Because I don’t think it’s going to get you anywhere. I think there’s certainly better arguments that could be made.
Next, another big mistake that I see people make is ignoring the details of their personal financial situation and wanting to just make an offer for the sake of making an offer.
And I say this to people, I probably say this 10 times a week. They don’t negotiate for the sake of negotiating. They negotiate when it’s in their best interest to do so.
So just to give you an easy example, if I owe $100,000 and I pledge my homeless collateral and I’ve got $500,000 in equity in my home, and I make enough money to borrow against that equity, I can’t simply go to them and say, well, I’ll give you $80,000 to settle this right now.
This is not like selling your couch on Craigslist where everything’s negotiable. They only negotiate settlements when it’s clear to them that there is no way for them to get their money back and it’s in their best interest to negotiate with you.
So if you’ve got the income and the assets to pay this loan in full, they will not arbitrarily negotiate that number down for the sake of negotiating. You have to demonstrate to them that the amount that you’re offering truly is the best that you can do and that it’s the best result for them.
Finally, when it comes to your home, I’ve had people try to argue, “well, they’re not really going to like force me out of my home. I’ve got a five-year-old and they go to school here and I grew up here” and all this stuff. My answer to that is the SBA absolutely does not want to push people out of their homes. That is not their goal.
They don’t want to do it. They advise their lending partners not to foreclose as a first option. They say work with people, even if it’s payments over time.
But it’s important to note that while their main objective is certainly not to kick you out your home, if there’s enough equity, and that’s the only way the lender sees to get their money back, they will go after your home.
To argue to them after you’ve pledged your home, well, look at what you would do to me. You would devastate me if you foreclosed on my home.
Honestly, that’s the conversation you and your spouse have or that’s the sort of thing you think about before you pledge your home as collateral. Because once they’ve got a lien on the home, what do you think is going to happen when you don’t pay them? That’s why they took the collateral to begin with.
If you’re in a position where your business is closed and you’re not paying them and their only option is to foreclose on a piece of property that’s got a ton of equity in it, unfortunately, a lot of cases they’re going to do that.

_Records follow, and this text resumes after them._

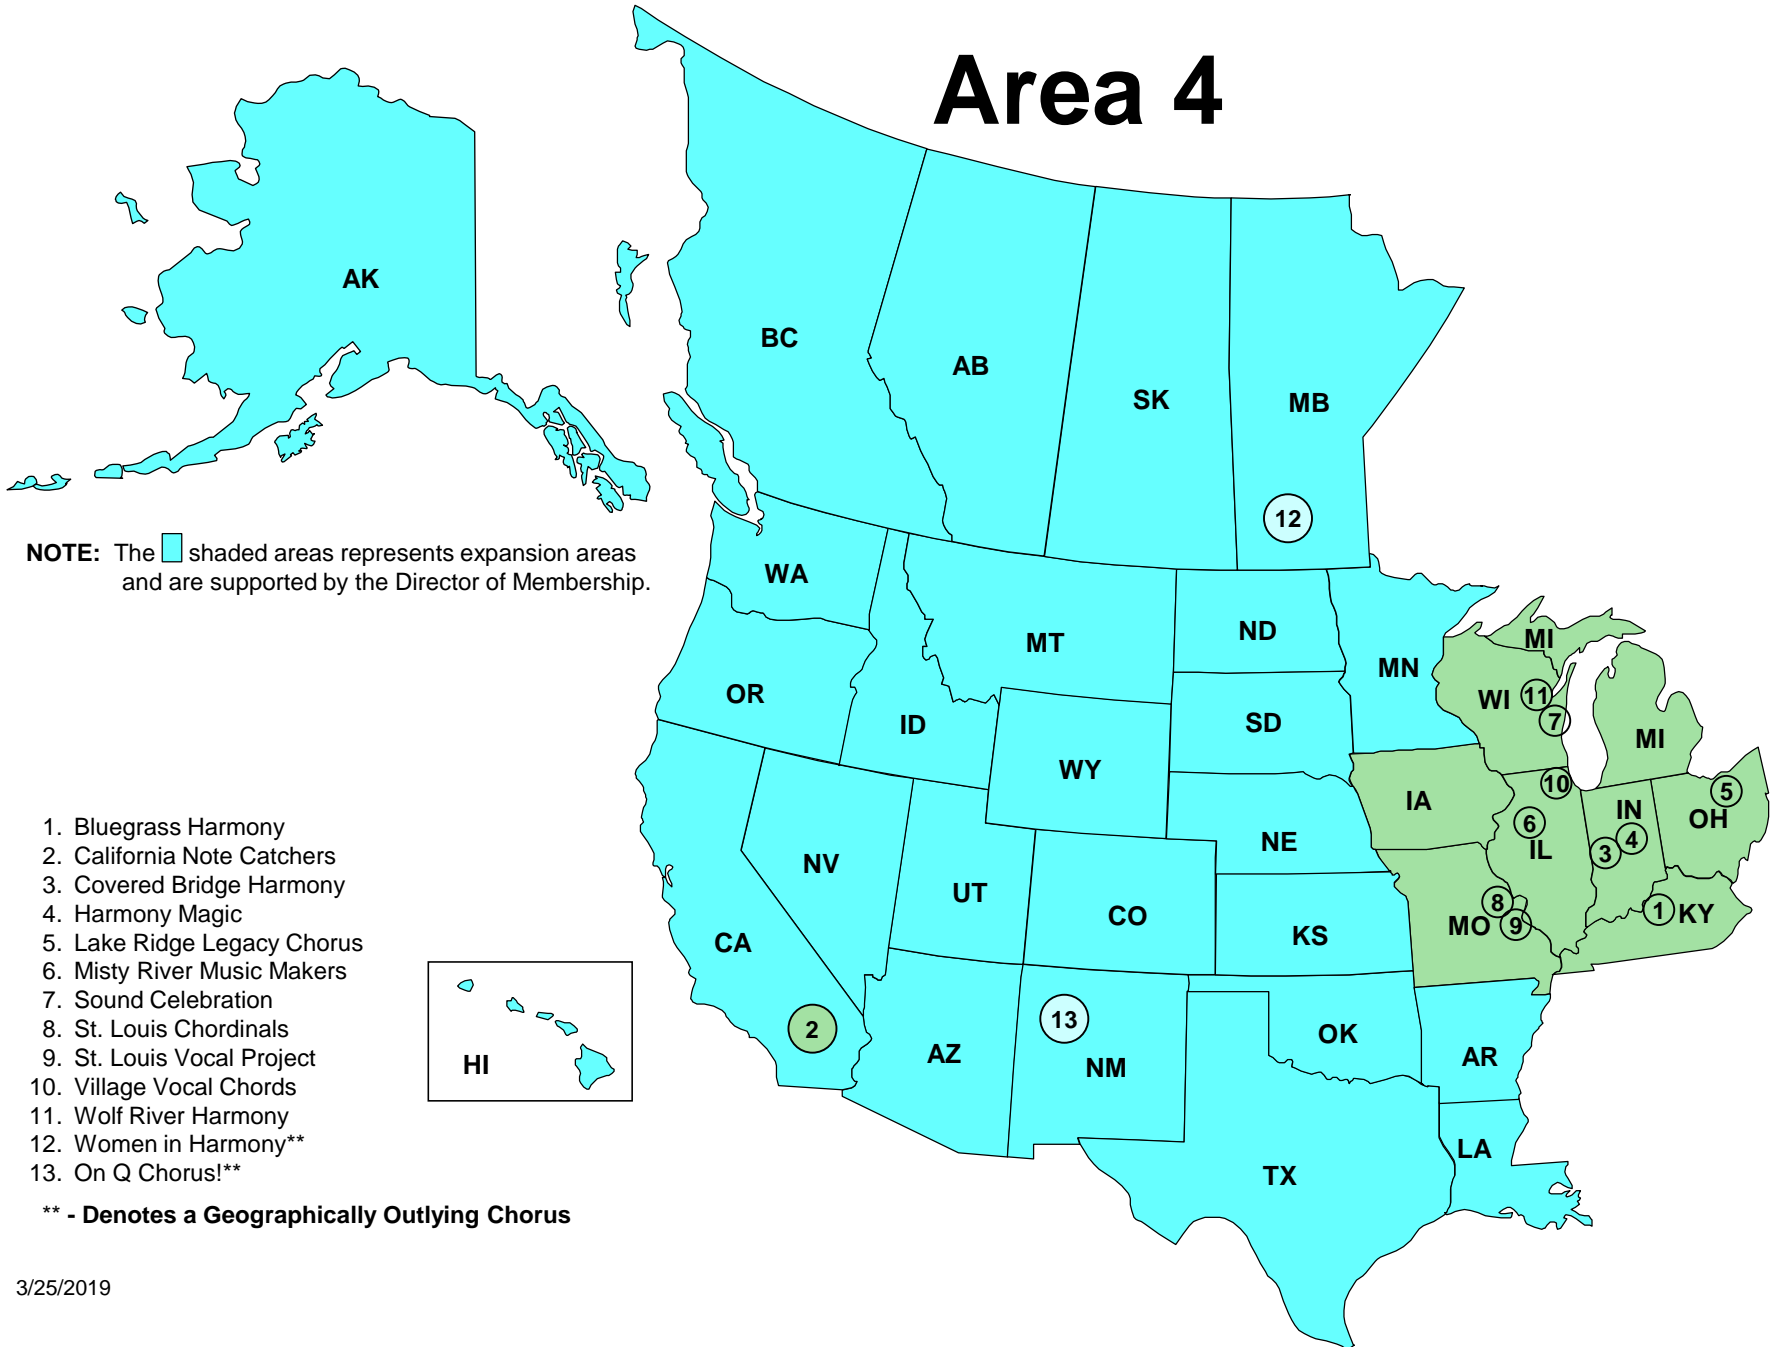

Area 4

NOTE: The shaded areas represents expansion areas and are supported by the Director of Membership.

1. Bluegrass Harmony
2. California Note Catchers
3. Covered Bridge Harmony
4. Harmony Magic
5. Lake Ridge Legacy Chorus
6. Misty River Music Makers
7. Sound Celebration
8. St. Louis Chordinals
9. St. Louis Vocal Project
10. Village Vocal Chords
11. Wolf River Harmony
12. Women in Harmony**
13. On Q Chorus!**

** - Denotes a Geographically Outlying Chorus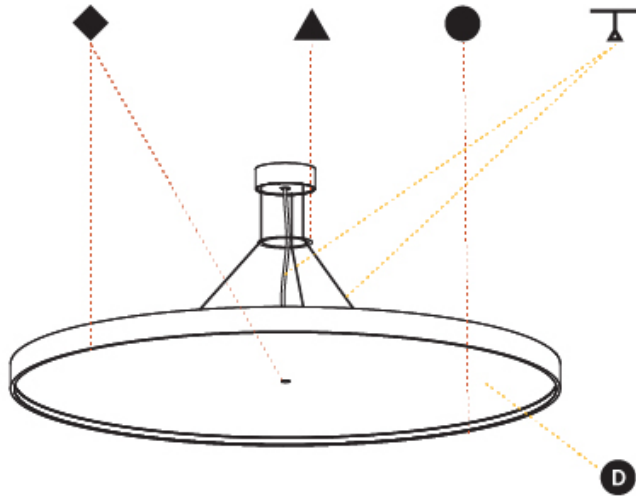

SIGN DIVA KORONA SUSPENSION

A300017-

PROJECT	_____
TYPE	_____
SPECIFIER	_____
QUANTITY	_____
DATE	_____

I would not try to appeal to their empathy. In other words, they hear all sorts of sob stories and I don’t want to minimize it because I know how traumatic this can be. But just keep in mind that if I’m a workout officer that’s got 50 files on my desk, 49 of them are telling me how difficult things have been for them.
So to go to them and expect them to show any empathy or make decisions based on empathy is likely not going to be the case. So that’s it. Those are five arguments that I think fall flat when it comes to the SBA offering compromise.
Again, this does not apply to EIDL loans as of now. This is just 7a. So that’s it.